Data supplied ▸

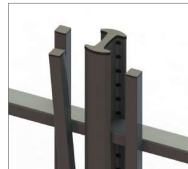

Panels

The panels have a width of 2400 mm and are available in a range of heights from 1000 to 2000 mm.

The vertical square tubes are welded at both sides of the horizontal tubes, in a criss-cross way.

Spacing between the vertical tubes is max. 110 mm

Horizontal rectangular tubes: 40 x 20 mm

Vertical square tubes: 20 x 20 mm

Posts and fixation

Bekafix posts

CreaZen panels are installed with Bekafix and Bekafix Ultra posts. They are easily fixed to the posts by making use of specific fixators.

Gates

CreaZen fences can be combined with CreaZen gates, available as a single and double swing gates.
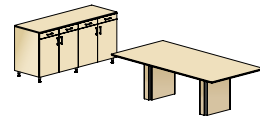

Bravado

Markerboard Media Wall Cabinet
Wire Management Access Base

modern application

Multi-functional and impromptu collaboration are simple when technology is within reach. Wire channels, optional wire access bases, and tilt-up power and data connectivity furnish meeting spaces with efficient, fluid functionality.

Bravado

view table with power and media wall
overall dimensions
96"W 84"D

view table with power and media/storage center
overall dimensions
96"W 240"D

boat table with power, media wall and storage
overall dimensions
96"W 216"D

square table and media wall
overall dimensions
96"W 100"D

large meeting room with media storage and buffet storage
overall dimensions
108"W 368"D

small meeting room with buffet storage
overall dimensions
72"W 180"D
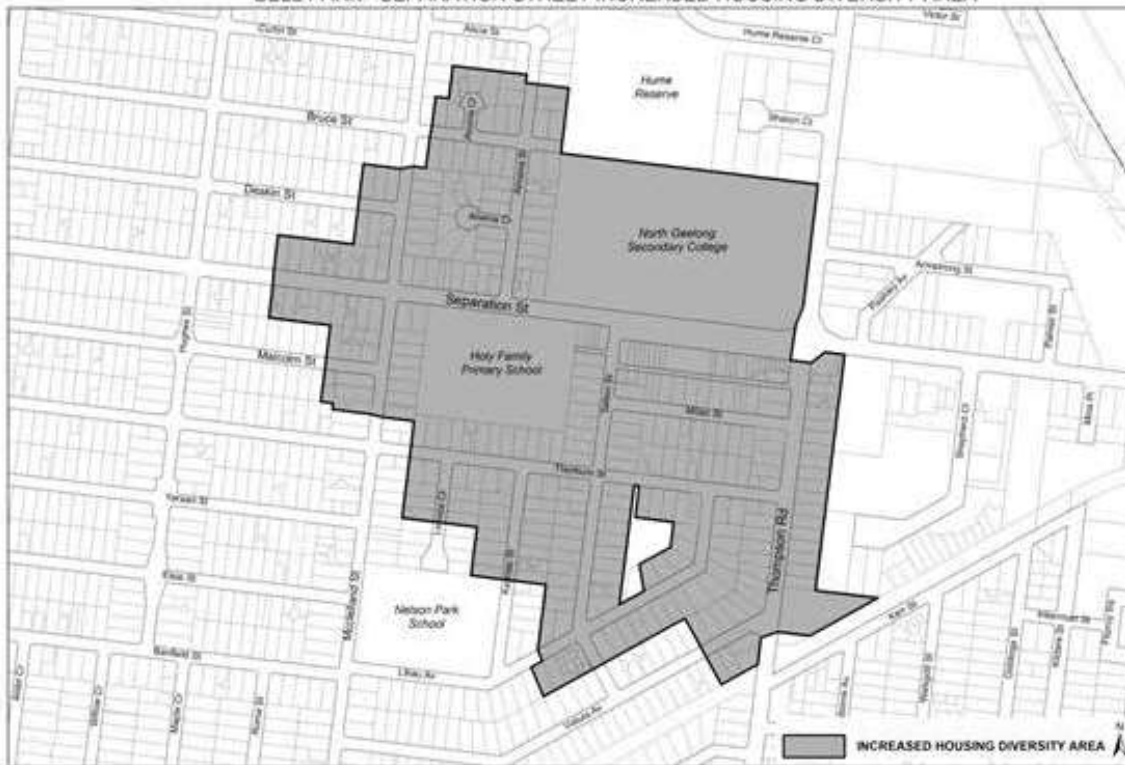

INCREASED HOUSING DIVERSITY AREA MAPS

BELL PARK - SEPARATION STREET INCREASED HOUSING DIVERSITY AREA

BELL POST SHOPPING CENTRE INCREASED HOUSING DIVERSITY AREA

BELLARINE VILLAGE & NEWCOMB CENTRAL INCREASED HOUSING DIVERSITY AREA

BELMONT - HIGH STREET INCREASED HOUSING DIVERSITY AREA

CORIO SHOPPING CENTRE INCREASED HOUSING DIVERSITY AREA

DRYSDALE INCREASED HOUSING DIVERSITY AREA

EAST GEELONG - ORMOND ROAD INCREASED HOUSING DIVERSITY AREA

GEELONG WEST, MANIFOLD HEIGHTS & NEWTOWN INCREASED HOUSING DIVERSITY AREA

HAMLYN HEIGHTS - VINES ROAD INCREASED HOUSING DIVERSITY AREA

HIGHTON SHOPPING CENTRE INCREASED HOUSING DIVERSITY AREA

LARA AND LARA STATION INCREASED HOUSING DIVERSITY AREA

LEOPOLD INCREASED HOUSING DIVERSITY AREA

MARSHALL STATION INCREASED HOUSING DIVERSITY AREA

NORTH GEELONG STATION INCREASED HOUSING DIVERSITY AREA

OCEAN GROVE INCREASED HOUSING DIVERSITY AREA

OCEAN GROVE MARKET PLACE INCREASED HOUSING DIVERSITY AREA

...

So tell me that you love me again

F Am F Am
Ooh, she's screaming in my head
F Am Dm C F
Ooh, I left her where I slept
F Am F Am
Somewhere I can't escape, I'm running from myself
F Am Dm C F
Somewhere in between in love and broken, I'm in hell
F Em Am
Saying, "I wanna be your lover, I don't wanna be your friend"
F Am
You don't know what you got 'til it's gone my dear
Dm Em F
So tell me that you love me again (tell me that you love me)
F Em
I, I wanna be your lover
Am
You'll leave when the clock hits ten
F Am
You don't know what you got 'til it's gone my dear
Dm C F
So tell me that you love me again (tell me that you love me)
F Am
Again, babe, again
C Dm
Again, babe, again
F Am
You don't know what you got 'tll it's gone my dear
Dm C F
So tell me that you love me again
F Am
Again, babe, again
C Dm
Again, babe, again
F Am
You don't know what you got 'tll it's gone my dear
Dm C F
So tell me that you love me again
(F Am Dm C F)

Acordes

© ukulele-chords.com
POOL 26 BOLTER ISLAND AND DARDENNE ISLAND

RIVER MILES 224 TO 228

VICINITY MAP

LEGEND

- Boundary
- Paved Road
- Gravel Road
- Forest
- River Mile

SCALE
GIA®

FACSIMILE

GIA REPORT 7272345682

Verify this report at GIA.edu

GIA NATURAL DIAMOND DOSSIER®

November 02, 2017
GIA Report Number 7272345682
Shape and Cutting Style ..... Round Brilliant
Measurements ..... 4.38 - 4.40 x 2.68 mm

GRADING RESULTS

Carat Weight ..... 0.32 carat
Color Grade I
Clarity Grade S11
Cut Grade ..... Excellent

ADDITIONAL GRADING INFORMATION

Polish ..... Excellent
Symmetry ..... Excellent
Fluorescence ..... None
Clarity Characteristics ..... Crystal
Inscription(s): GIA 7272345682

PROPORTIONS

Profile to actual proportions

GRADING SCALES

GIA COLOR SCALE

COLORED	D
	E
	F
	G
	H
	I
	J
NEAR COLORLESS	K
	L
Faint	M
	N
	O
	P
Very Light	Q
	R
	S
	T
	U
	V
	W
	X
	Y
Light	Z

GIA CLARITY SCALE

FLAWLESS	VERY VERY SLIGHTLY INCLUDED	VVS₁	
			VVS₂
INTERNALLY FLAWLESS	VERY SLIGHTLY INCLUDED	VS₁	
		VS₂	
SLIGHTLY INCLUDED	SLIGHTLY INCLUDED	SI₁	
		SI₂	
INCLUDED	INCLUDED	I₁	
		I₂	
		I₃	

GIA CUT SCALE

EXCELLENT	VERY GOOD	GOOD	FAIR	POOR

Instructions to follow ▸ Using the data above, retype exactly and only the lines from the one containing "CreaZen fences can" up to and including the one containing "small meeting room with buffet storage", with no pictures carried over.

Response box ▸
CreaZen fences can be combined with CreaZen gates, available as a single and double swing gates.

Bravado

Markerboard Media Wall Cabinet
Wire Management Access Base

modern application

Multi-functional and impromptu collaboration are simple when technology is within reach. Wire channels, optional wire access bases, and tilt-up power and data connectivity furnish meeting spaces with efficient, fluid functionality.

Bravado

view table with power and media wall
overall dimensions
96"W 84"D

view table with power and media/storage center
overall dimensions
96"W 240"D

boat table with power, media wall and storage
overall dimensions
96"W 216"D

square table and media wall
overall dimensions
96"W 100"D

large meeting room with media storage and buffet storage
overall dimensions
108"W 368"D

small meeting room with buffet storage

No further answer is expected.